# Exercise prompt
Using the listing below, print exactly everything from the line with "s DPH 12%* 556 640 Kč | s DPH 21% 601 370 Kč" down to the line with "Ceny platné od", both included, and nothing more.

# Source records
--------

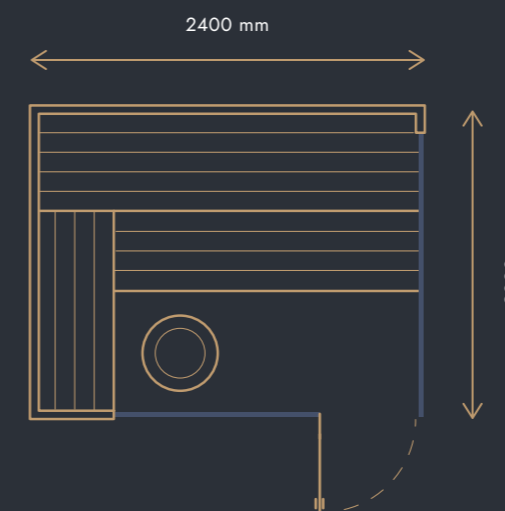

Solis I

VNĚJŠÍ ROZMĚR DOMKU

2400 × 2000 × 2300 mm

TECHNOLOGIE

topidlo pro finskou saunu – HARVIA CILINDRO 10,8 KW s košem plným kamenů, včetně dřevěného bezpečnostního lemu harvia + externí regulace Sentiotec PROFESIONAL D2 s malým displejem umístěným uvnitř sauny

STĚNY

boční a přední stěna sauny jsou částečně prosklené, sklo na celou vnitřní výšku sauny

497 000 Kč (BEZ DPH)

s DPH 12%* 556 640 Kč | s DPH 21% 601 370 Kč

vnitřní obklad z **OSIKY** vodorovně

vnější obklad ze **ŠIROKÉHO SUKATÉHO CEDRU** s nátěrem lazurou RUBIO

553 000 Kč (BEZ DPH)

s DPH 12%* 619 360 Kč | s DPH 21% 669 130 Kč

vnitřní obklad z **OSIKY** vodorovně

vnější obklad ze **ŠIROKÉHO CEDRU** s nátěrem lazurou RUBIO

Ceny platné od 1.12.2024 do odvolání nebo vydání nového ceníku

*Snížená sazba DPH je určena pro bydlení nebo sociální bydlení a není určena k ekonomické činnosti dle zákona o dani z přidané hodnoty č.235/2004 Sb.

--------

# Result of this exercise
s DPH 12%* 556 640 Kč | s DPH 21% 601 370 Kč

vnitřní obklad z **OSIKY** vodorovně

vnější obklad ze **ŠIROKÉHO SUKATÉHO CEDRU** s nátěrem lazurou RUBIO

553 000 Kč (BEZ DPH)

s DPH 12%* 619 360 Kč | s DPH 21% 669 130 Kč

vnitřní obklad z **OSIKY** vodorovně

vnější obklad ze **ŠIROKÉHO CEDRU** s nátěrem lazurou RUBIO

Ceny platné od 1.12.2024 do odvolání nebo vydání nového ceníku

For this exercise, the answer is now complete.